More specifically, examples need to annotate the thinking with the models. That is, the thought processes that accompany the choices that lead from problem to solution need to explicitly refer to the models, and show how the causal relationships were used to make the decisions. The relationship between the model and the context in the situation needs to be made clear. And, of course, multiple contexts should be used to help abstract the model from the specific context and show how the model can be re-instantiated in different situations.
Ultimately, of course, what’s needed is practice. In particular, sufficient practice to automate the use of the model in the context. That varies, depending on the complexity of the model, the specificity of the situations, and the frequency of use in the performance situation after the learning situation. Taking a 70:20:10 perspective, including the expectations for coaching and breadth of application after the learning experience helps plan for the full learning experience.
Learners need to be presented with situations where the model is applicable (and even ones where it’s not, if those boundaries are important), and given choices to make. Depending on the cost of failure, this may range from simply better written multiple-choice questions to a full immersive simulation game.
Given the fact that we’re talking about increasingly ambiguous situations, it may be hard to determine the contexts. However, the model that should guide the decisions should also support inferring the types of situations where the decisions could occur, and picking representative situations that span the space. These should be distributed across examples and practice situations to support appropriate transfer.
Ultimately, it will be important to determine whether the models have been appropriately internalized. Of course, this happens naturally as a result of the practice, but you may well want to assess the knowledge of the model as well as the ability to apply that model to make decisions. However, the best test of the models is the ability to use it to predict and explain, so not only knowing the relationships but using them becomes clear.

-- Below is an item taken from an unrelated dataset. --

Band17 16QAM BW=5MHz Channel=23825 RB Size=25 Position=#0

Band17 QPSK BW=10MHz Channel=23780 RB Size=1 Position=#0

Another useful approach may be to ask learners to actively represent the models, with concept mapping. Concept mapping involves creating explicit representations of the concepts and the links between them. They have been shown to be powerful adjuncts to other mechanisms to develop and assess conceptual understanding.

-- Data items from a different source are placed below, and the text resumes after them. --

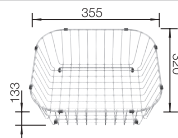

Crockery basket

514238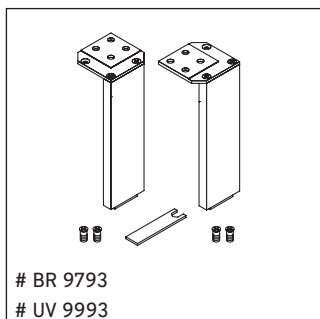

Brioso

BR 4510

Mounting instructions

Viu # 234463

Instructions for use

The bathroom furniture range complies with the standards and guidelines applicable at the time of delivery and is designed for use in bathrooms. Direct contact with water should be avoided, for example, when showering.

Models are, in my mind, the most powerful tool you can equip learners with. As part of the Ph.D. research I mentioned earlier, I explored analogical reasoning and mental models as a outcome of our powerful cognitive architecture. It’s been proposed that all thinking is inherently analogical, and regardless, it’s valuable for the purposes of accommodating our increasingly changing world. Research has supported the value of mental models in business decisions, so it’s time to get on top of this area for organizational success. I hope this mental model of mental models helps you in your decisions about learning design.